Some applications are designed to pull data from a central database into a local cache. For example, on-the-road sales personnel only connect occasionally to the central database to get the latest inventory data. Or heavy processing of business logic is offloaded from the production database server, processed locally and sent back to the production database. These applications need a way to track data changes in order to know what data has been changed. Before SQL Server 2008, application developers had to implement custom tracking solutions using triggers or timestamp columns, and creat additional tables in order to track data changes. As we all know, triggers are expensive. Each table involved in the DML operation is checked recursively via an internal function for the presence of a trigger. In addition, because triggers are executed as a part of the transactions that cause them to be invoked, the transactions take longer to commit and introduce complicated blocking issues. SQL Server 2008 provides a new feature, Change Tracking. Change tracking is great for building one-way or two-way synchronization applications and is designed to work with Sync Services for ADO.NET. Application developers can use Change Tracking to synchronize any data between SQL Server databases, or even between SQL Server and non-SQL Server databases. Compared with replication, Change Tracking is more for developers than DBAs as it provides developers with a flexible foundation to build synchronization applications with .NET, but lacks stored procedure support or built-in monitoring tools like Replication Monitor.
Enabling Change Tracking on an existing table does NOT require any changes on the table schema. The only requirement is that the table must already have a primary key. Change tracking information is recorded synchronously on transaction commit time so it presents an accurate sequence of DML operations. Although Change Tracking is executed synchronously with transactions, its performance overhead is very light compared to triggers. Besides, it captures only the values of the primary key columns of the changed rows and records the values in the change tracking table. These values can be joined with the base table to get the changed data. There is less storage overhead compared with Change Data Capture (for more information, see MAKs CDC series) because non-key columns are not captured in the change tracking table. However, because only net changes, not intermediate changes, to data rows can be queried, Change Tracking is not suitable for auditing.
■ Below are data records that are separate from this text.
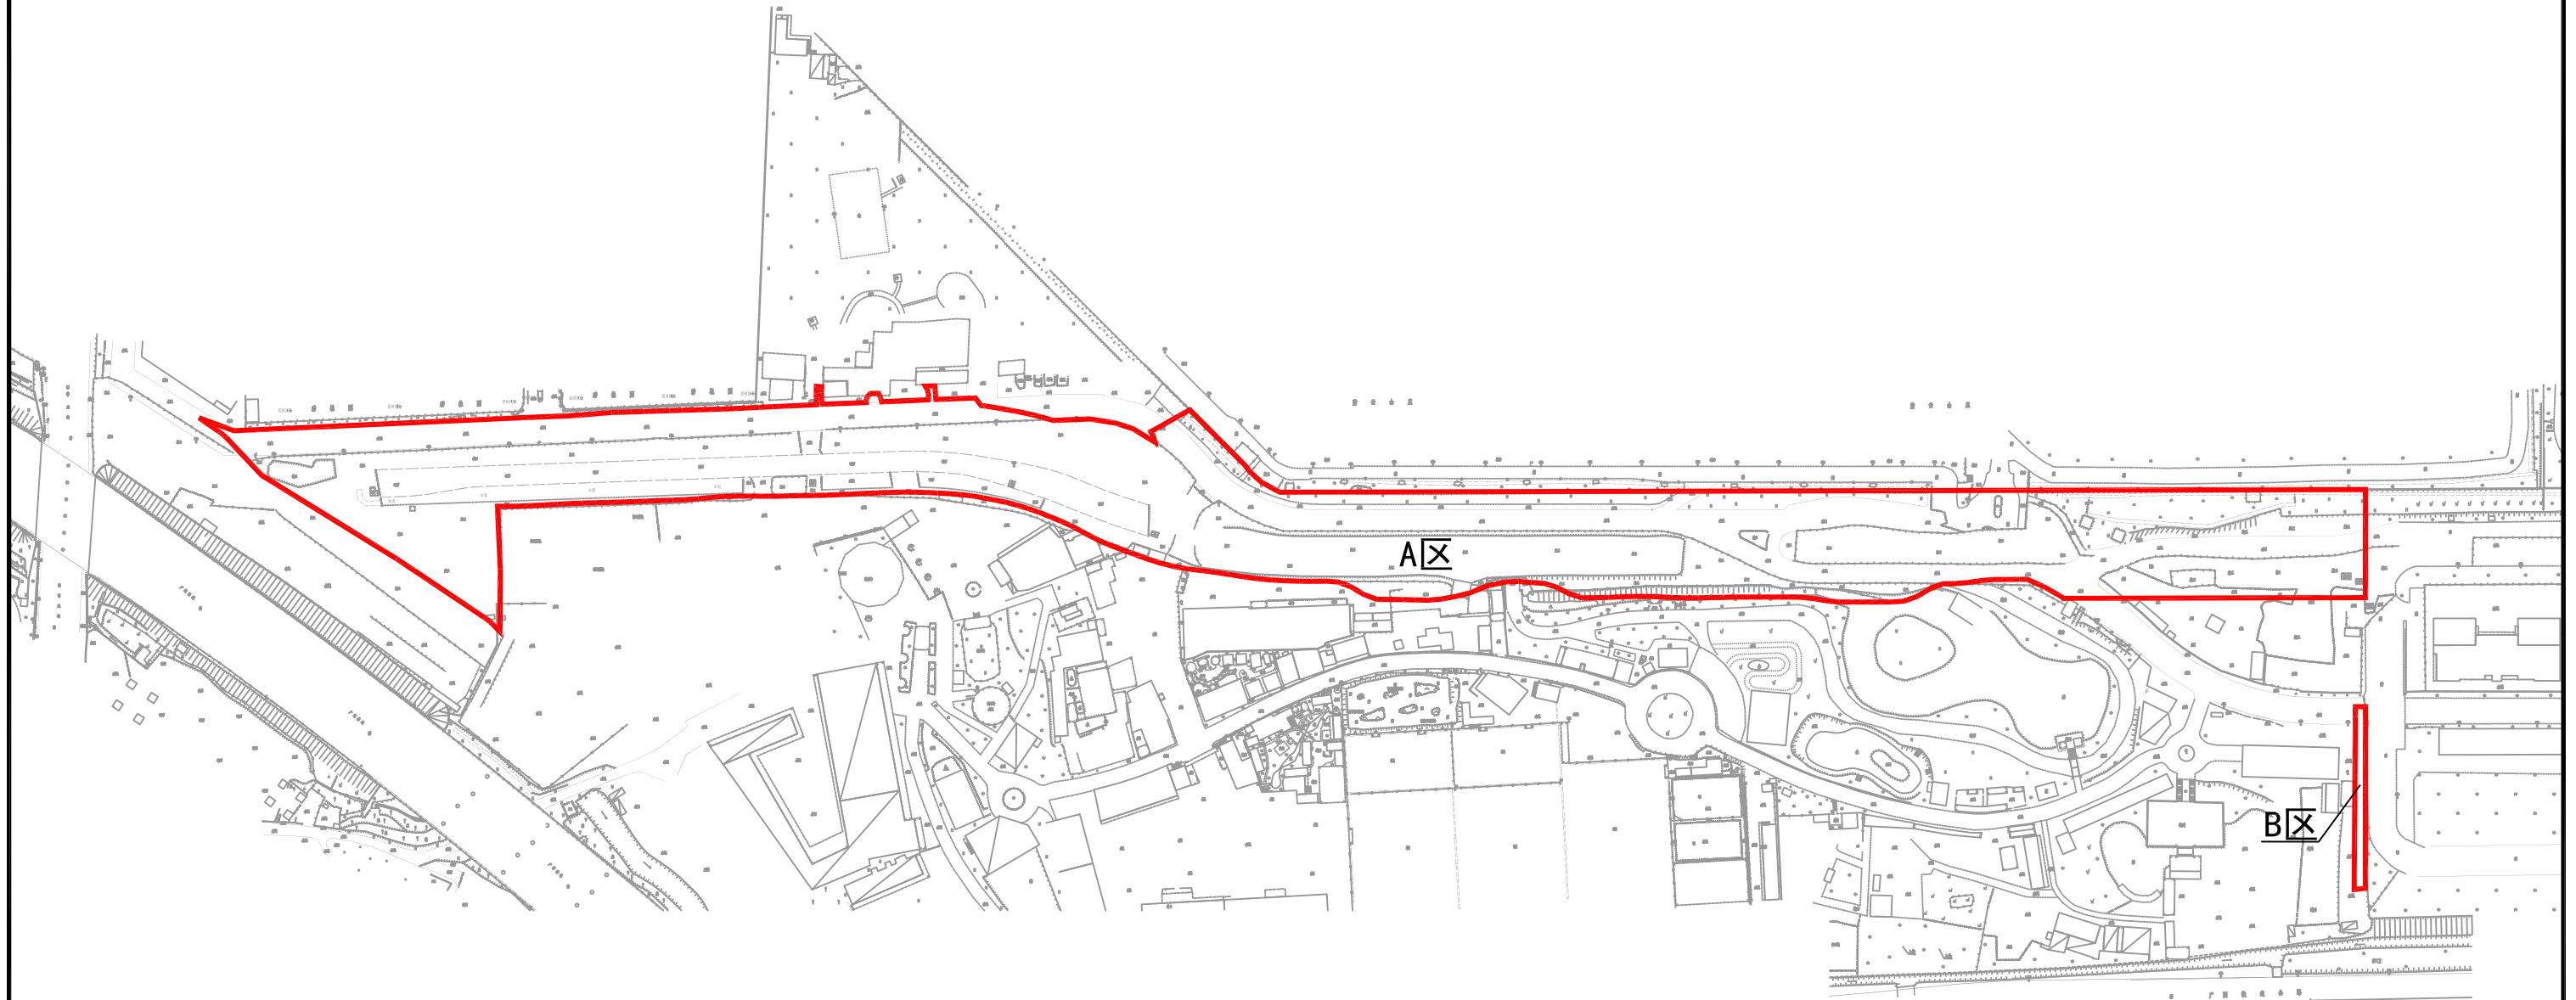

# 新ZG2022036号广州市增城区土地开发储备中心征地示意图

土地坐落:广州市增城区新塘镇南安村

红线范围总面积:33872.07平方米 合3.3872公顷

[注: A区面积:33577.90平方米

B区面积:294.17平方米

红线范围总面积=A区面积+B区面积]

N

1:2500

# 新ZG2022037号广州市增城区土地开发储备中心征地示意图

土地坐落:广州市增城区新塘镇南安村

用地面积:3387.21平方米 合0.3387公顷

In this article, we will demonstrate how to set up Change Tracking on the table HumanResources.Department in the database AdventureWorks2008 and how to query the changed data. If you havent installed the AdventureWorks2008 sample database, you can download it from http://msftdbprodsamples.codeplex.com/Release/ProjectReleases.aspx?ReleaseId=18407
Before you enable change tracking on a table, you need to enable change tracking for the database. Execute the following command to enable Change Tracking on the AdventureWorks2008 database.
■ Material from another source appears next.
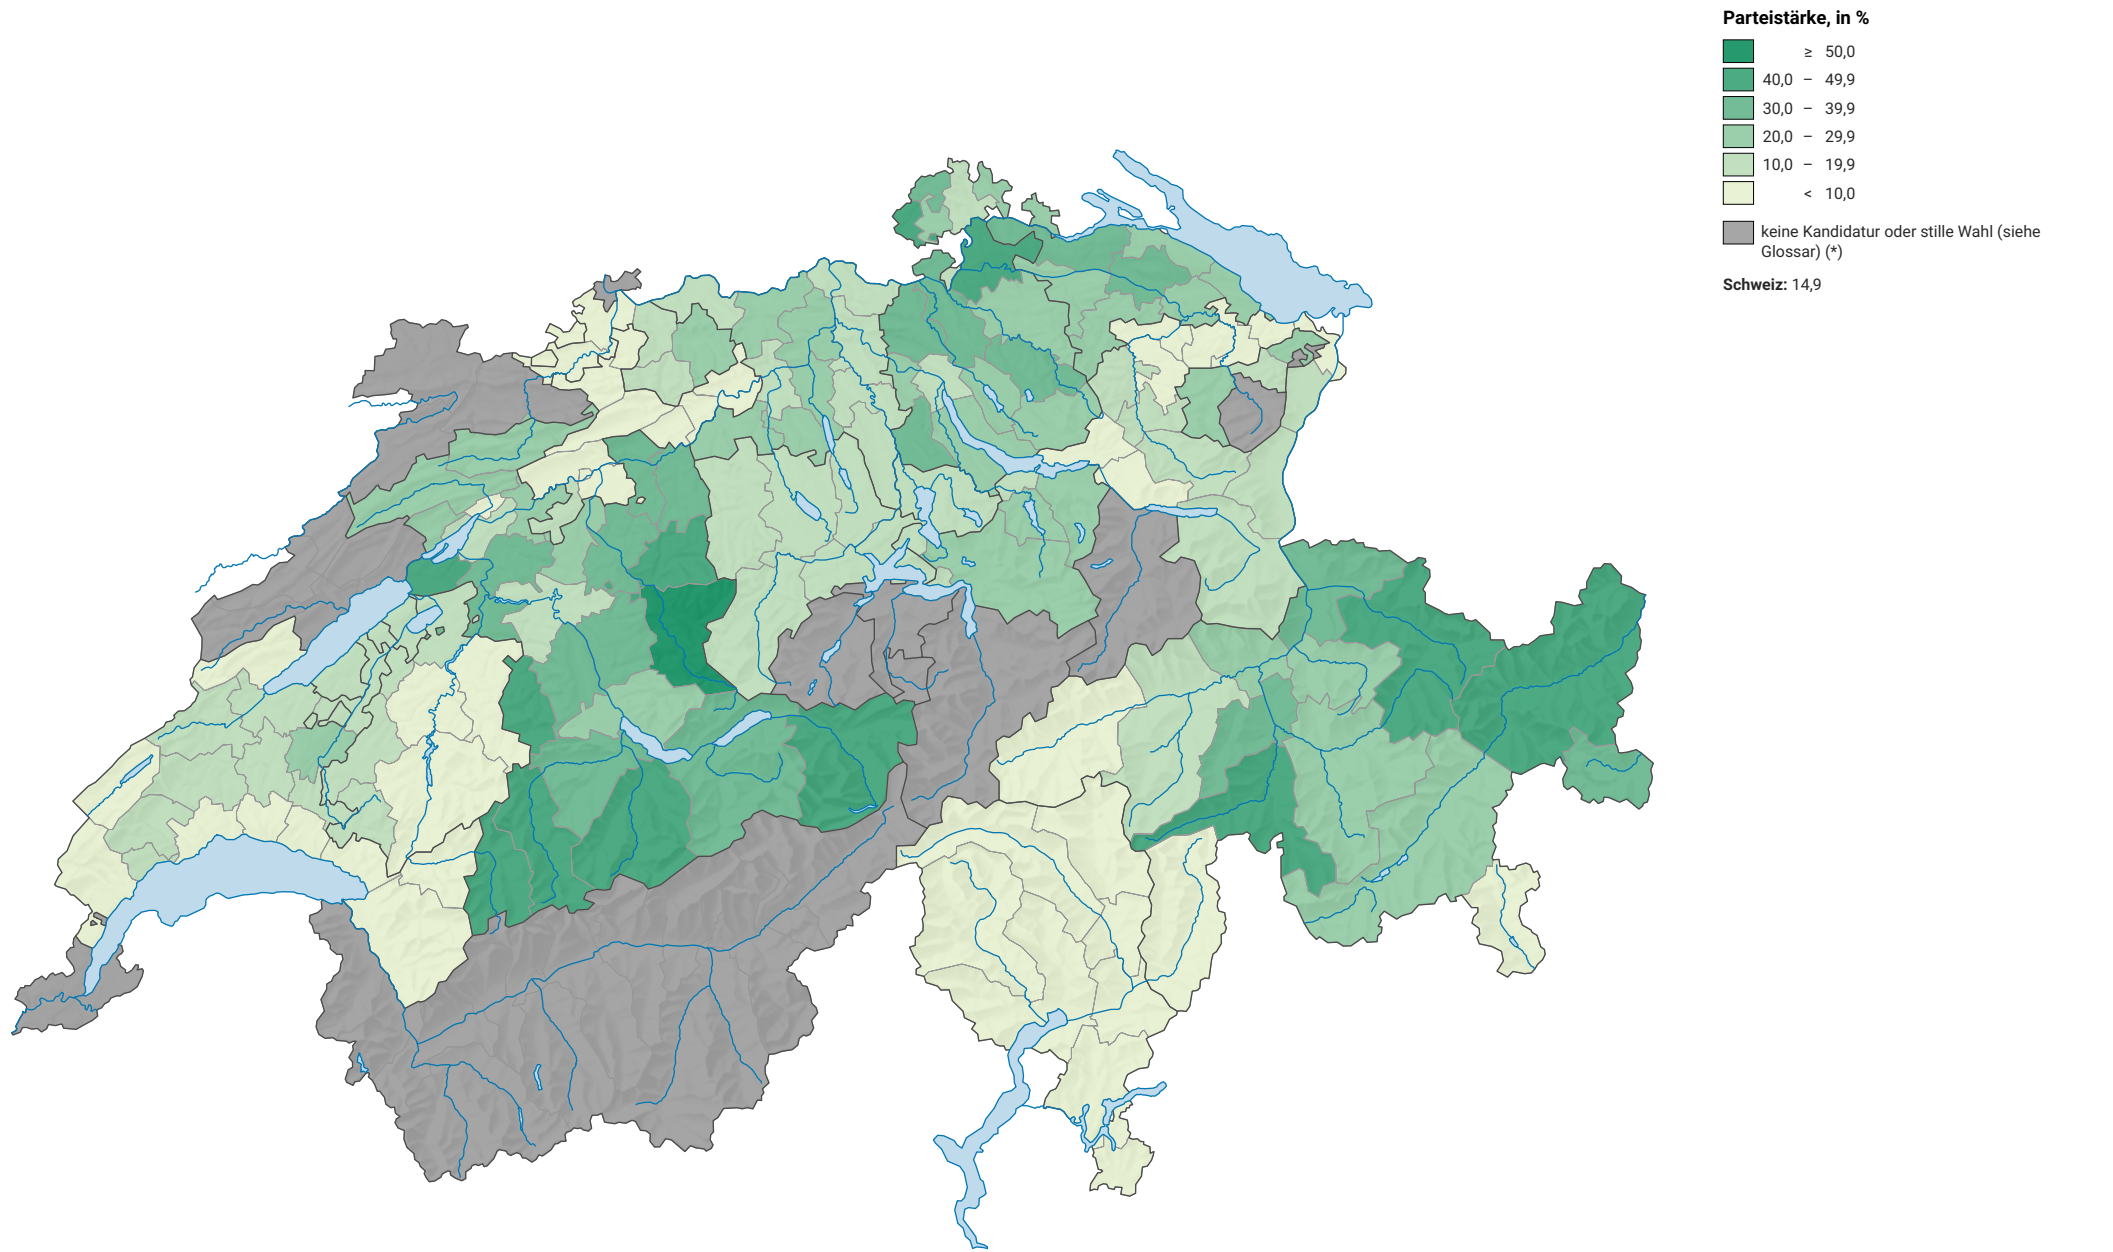

Parteistärke der Schweizerischen Volkspartei (SVP), 1995

0 35 70 km

Raumgliederung:
Bezirke

ALTER DATABASE AdventureWorks2008 SET CHANGE_TRACKING = ON (AUTO_CLEANUP=ON, CHANGE_RETENTION=8 hours) GO
When this command runs, it also enables automatic cleanup of change tracking information as the AUTO_CLEANUP option is turned on. The retention period is set to at least 8 hours. An internal task runs every 30 minutes to remove old transactions. SQL Server will also begin to populate an internal system table sys.syscommittab with transaction information. This table will have one row for every transaction that causes data modifications on tracked tables in the database. Although this table cannot be viewed in non-DAC connections, the information in the table is exposed by a DMV, sys.dm_tran_commit_table. Here are the columns in the DMV.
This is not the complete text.